ADVERTISER to inform KCJ of removed or relocated web content that may adversely

affect the advertisements’ ability to deliver appropriate content to visitors. KCJ

will not be held liable for any clicks delivered to removed or relocated web

content, such as those resulting in an HTTP 404 error response code.

Miscellaneous: This Agreement shall be construed and controlled by the laws of

the State of Arizona. This Agreement constitutes the entire agreement between

the parties with respect to the subject matter hereof and supersedes all prior

and contemporaneous agreements or coKCJunications. This Agreement does not

constitute an offer by KCJ and it shall not be effective until signed by

ADVERTISER. ADVERTISER will not have direct access to bid management interface,

advertising platforms, or metrics such as cost per click incurred and cost per

thousand impressions incurred. All platform accounts and contents therein will

remain the intellectual property of KCJ during and after the program described

with this MA. KCJ will pay all media costs directly to 3rd party vendors.

Counts and Make Goods: KCJ counts instances of Content being delivered based on

requests, and KCJ will issue monthly tracking reports on that basis. ADVERTISER

will only be privy to results of their individual advertising or the cumulative

results of their program when sponsoring a cooperative initiative. If KCJ fails

to deliver the contracted impressions during the contract term, ADVERTISER‘s

sole remedy for such failure will be an extension of this Agreement until the

contracted deliverables are provided in full. The final determination of

delivery will be as reported by KCJ’s ad server platforms. KCJ will not be

liable for impressions or other delivery discrepancies between said platforms

and ADVERTISER’s 3rd party ad tagging. KCJ guarantees costs and assumes all

risks based on current levels of online inventories and marketplace demand. In

the event, and only in the event, market conditions shift to prevent the execution

of the contract as contemplated by the parties, ADVERTISER and KCJ may mutually

agree to alter the agreement terms or either party may terminate the contract

upon 10 business days’ notice in party’s sole discretion. CoKCJitment and

Payment Terms: Unless otherwise agreed upon, ADVERTISER will be billed in full

upon advertising campaign activation. KCJ will invoice ADVERTISER for all fees

under this Agreement, and ADVERTISER will pay KCJ all invoiced amounts within

30 days after the date of the invoice to KCJ. KCJ may remove any advertisements

and cancel any Agreement, if ADVERTISER is in default of its payment

obligations. Amounts due hereunder do not include taxes or other government

fees, the computation and payment of which (other than taxes on KCJ income) is

the responsibility of



ADVERTISER. Reporting: KCJ will provide monthly reports, at

a minimum, taken directly from the applicable advertising account(s)
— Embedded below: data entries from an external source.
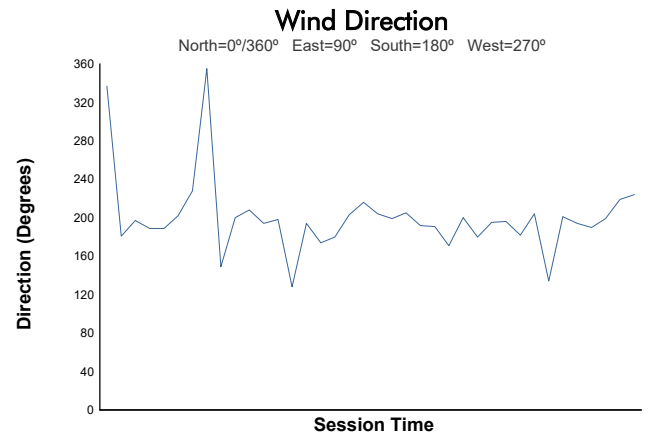

ESPÍRITU DE MONTJUÏC

ENDURANCE RACING LEGENDS 2 - GT2

RACE 1

Weather Report

Track Status: **DRY**
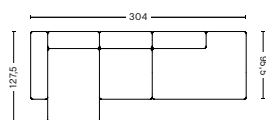

3 SEATER COMBINATION 3 | LEFT 8162+1063+9302 OR RIGHT 9301+1063+8161

DIMENSION
W304 x D127,5 x H67 cm
Seat H40 cm

PACKAGING
3 box | 1 pcs.

DESCRIPTION	PRICE
Fabric group 1	36.720,00
Fabric group 2	39.840,00
Fabric group 3	41.040,00
Fabric group 4	42.360,00
Fabric group 5	54.240,00
Fabric group 6	73.360,00

PRODUCT STATUS
Order produced

Not available in leather
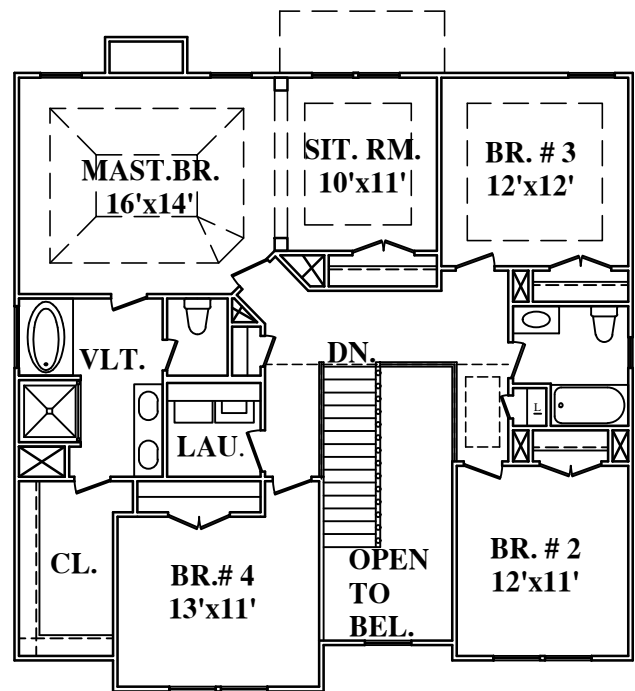

TRINITY @ THE FARMS LHF
LOT#36 2 STORY 4 BEDROOM

TOTAL 2,549 HSF

FIRST FLOOR 1,160 HSF

SECOND FLOOR 1,389 HSF

RENDERINGS ARE FURNISHED AS A GUIDE ONLY, ACTUAL CONSTRUCTION AND DIMENSIONS MAY VARY.

demonstrating key metrics such as clicks, impressions and click-through rates.

ADVERTISERS will only be privy to results of their individual advertising or

the cumulative results of their program when sponsoring a cooperative

initiative. Independent Status: The parties intend that an independent

contractor relationship will be created by this Agreement. Nothing in this

Agreement shall be construed as making the parties joint venturers or as making

either party or any of its employees the employee of the other. Covenant Not to

Divert: During the term of this agreement and for a period of one (1) year

thereafter, the parties will not directly or indirectly solicit, induce,

attempt to induce, or endeavor to entice away any employee of the other party,

whether for their own account or for the account of a third party.